The tech world is after your eyes

Trying to find a new market on...your body.
Snapchat's new sunglasses have a video camera inside.

by Nora Young

One of the things we like to do on Spark is keep track of unfolding tech news and what it might mean to you. Well, your eyes are hot tech real estate these days. Everyone wants you to put on some kind of goggles. Virtual Reality headgear like Oculus Rift, Samsung Gear, or Google Cardboard have been around for a while now. But lately, there's been a lot of talk about a new range of internet-connected eyewear.

It's a surprising trend. Surprising because the last time there was a huge push in smart eyewear, we got Google Glass, roundly received as dorky, intrusive and creepy. And yet, here we are again.

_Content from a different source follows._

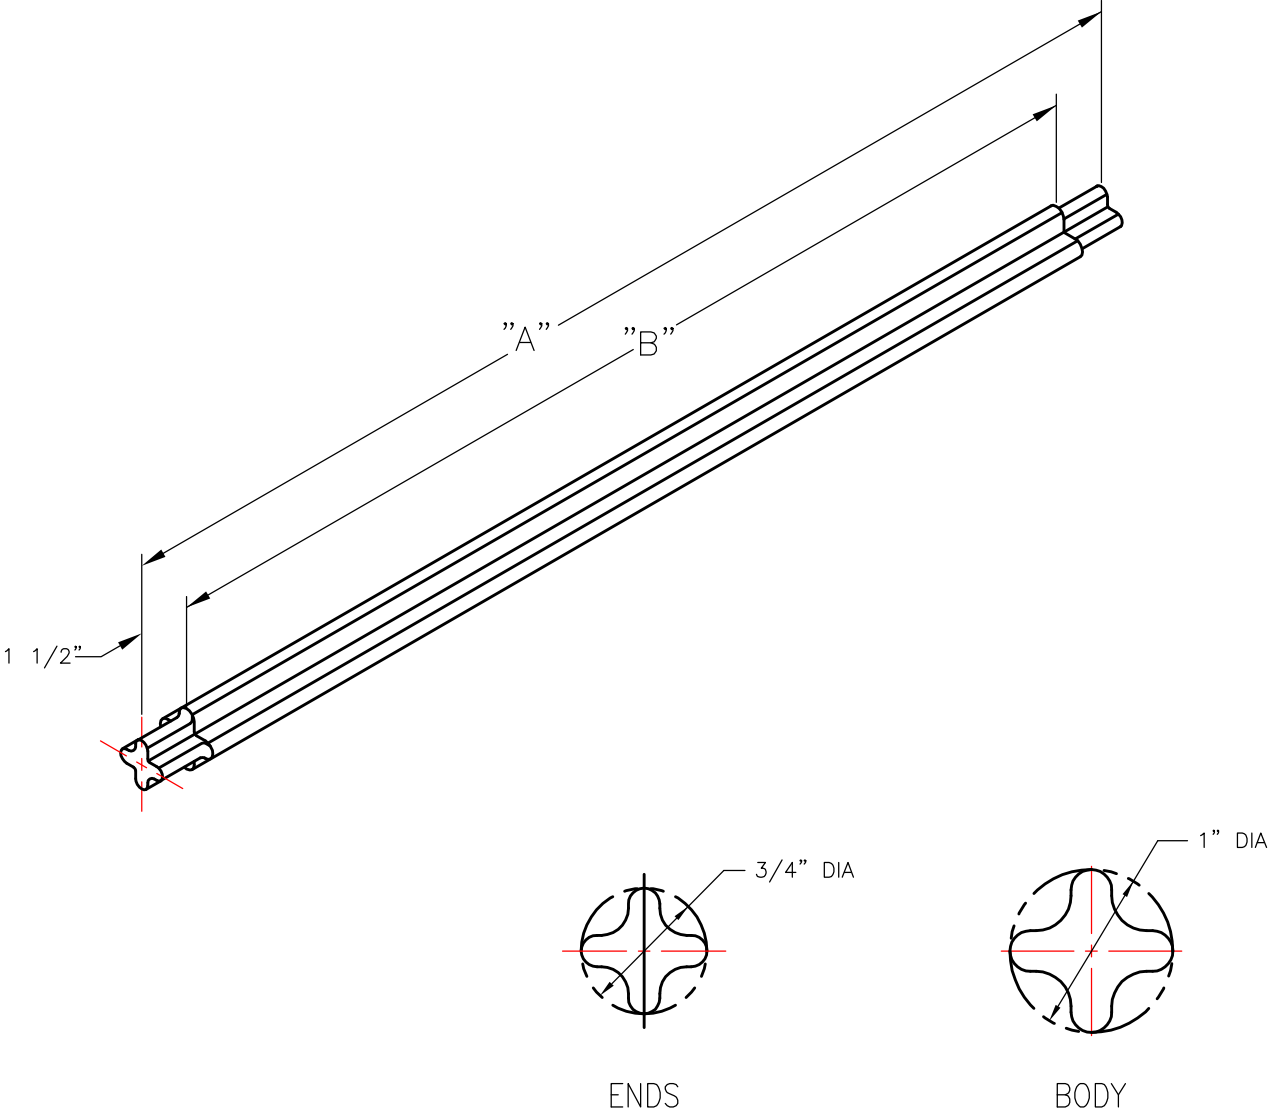

CRUCIFORM BAR

PATTERN NUMBER:	CC-4002	"A":	21 1/2"	"B":	19 1/2"	WEIGHT:	3#
PATTERN NUMBER:	CC-4003	"A":	26 1/2"	"B":	24 1/2"	WEIGHT:	3.1#

DRAWING NUMBER: CA-2031-C (ALL ABOVE PATTERNS)

Snapchat just opened a high profile pop-up store in Manhattan to sell Spectacles, their buzzy sunglasses with a video camera inside. Spectacles lets you shoot first-person video then send it wirelessly to the Snapchat app on your phone.

Wait, if you have your phone, why do you need the glasses? Hands free, I guess. It's been smartly marketed as a "toy", a bit of fun.

Now, Spectacles is just a camera that wirelessly connects to your phone. Some of the other eye gear is more ambitious.

Microsoft's Hololens has been available in North America since the summer, and is just now starting to roll out to other markets. Anyone can buy it, but it's really still aimed at businesses and developers. And you can totally see the business use for something like this: for an architect or designer to share their vision in 3D with a client for instance.

Unlike virtual reality headsets, Hololens offers mixed or augmented reality. You still see the regular world around you but overlaid with holographic images. It avoids the 'where the heck am I?' groping around with your hands feeling you can get using an immersive VR headset.

And there are other experiments in smart glasses. Vue, which is currently raising funds on Kickstarter, are prescription glasses that add other features like fitness tracking, music, and the ability to find out the time by tapping the side of your glasses' arm.

But the titan on the horizon is Apple, which is widely rumoured to be working on a pair of augmented reality glasses. Perhaps bringing style points that Google was unable to manage with Glass.

One reason for all this eyewear action may just be the struggle to find a new market on...your...body. iPhone sales have been dropping this year. Smartwatch sales have dropped too, although some dispute this. And certainly, our love of smartphones suggests we really want to be connected all the time.

One question for these smart devices is how they fit into social norms and etiquette. We saw how Google Glass floundered because something about it just seemed creepy and privacy invading. Snapchat spectacle seems to have solved this problem by only doing ONE thing.

And that transparency may be the key. The very smart Canadian human computer interaction thinker, Bill Buxton, uses the example of the pencil. Why does no one ever complain that someone's "always on their pencil" he asks. Because a pencil is completely transparent about what it's being used for, in a way that a watch, or augmented reality glasses, or even a smartphone really aren't.

Regardless, expect to see a big push in the months ahead to get you to put something smart on your face.